Receiving an Apology Does a Body Good, Study Finds
Thu Oct 10, 5:29 PM ET
By Charnicia E. Huggins

NEW YORK (Reuters Health) - Most individuals who have been wronged would agree that they feel better after receiving an apology. Now researchers have found scientific proof to back up that claim.



"The data suggest that apologies and restitution can have an immediate, positive impact on physiological and subjective responses to transgressions," according to Dr. Everett L. Worthington, Jr., of Virginia Commonwealth University in Richmond and his colleagues.

For their study, 61 college undergraduates--32 men and 29 women--were told to imagine that they had been robbed, and that the robber had afterwards either apologized, restored to them the things he or she had stolen, apologized and made restitution, or did neither.

Overall, the students had lower heart rates when they imagined that the robber had given them a strong, guilt-ridden apology and made restitution to compensate for the stolen items and trouble he or she had caused, study findings indicate. Further, the students also showed less muscle tension in their face--such as less wrinkling of the brow--and had less stress and lower blood pressures.

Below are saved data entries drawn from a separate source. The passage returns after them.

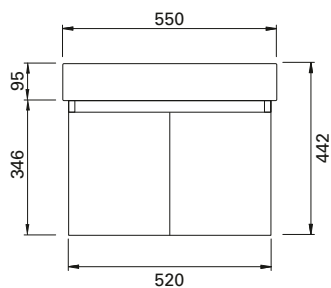

DESCRIPTION

Synergy 550 Wall-Hung Vanity – 2 Doors, White / Melamine

PRODUCT CODE

SYN55WH / SYN55WHM

FEATURES

- Dimensions - W550 x H440 x D330 mm
- Available in widths 550 and 650 (single bowl).
- Slim depth of 330mm
- Offset left tap
- Ceramic top with overflow from Europe
- New Zealand made cabinetry available in White paint or Melamine
- White Paint - The paint used on our products is polyurethane or UV based. It is five times harder and more durable than lacquer finishes
- Melamine - Our wood grain melamine is a low-pressure laminate*
- Wall-hung basin can be sold separately to cabinet

TECHNICAL DRAWINGS

Top

Back of Basin

Front Section

Side

NOTES

*Non-stock item. Excludes tap ware and accessories. Drawing indicates the technical measurement only and is not a reflection of how the product will look. Sizes are nominal only. All drawings in millimeters. Drawings not to scale. September 2019.

In other findings, when the students imagined that they had received a strong apology and had been compensated, they experienced a reduction in their level of unforgiveness that was twice as great as when they imagined themselves to have just received a strong apology, according to Worthington.

The students also said they felt more forgiveness, gratitude and empathy and less anger, fear and sadness, study findings indicate. Finally, the undergraduates also said they felt more in control.

"If someone apologizes it makes it easier to give some measure of forgiveness because it reduces the gap of injustice," Worthington told Reuters Health. "Justice can only take you so far, but if you forgive--that can take you all the way to closure."

The findings were presented in Washington, DC during the recent annual meeting of the Society for Psychophysiological Research.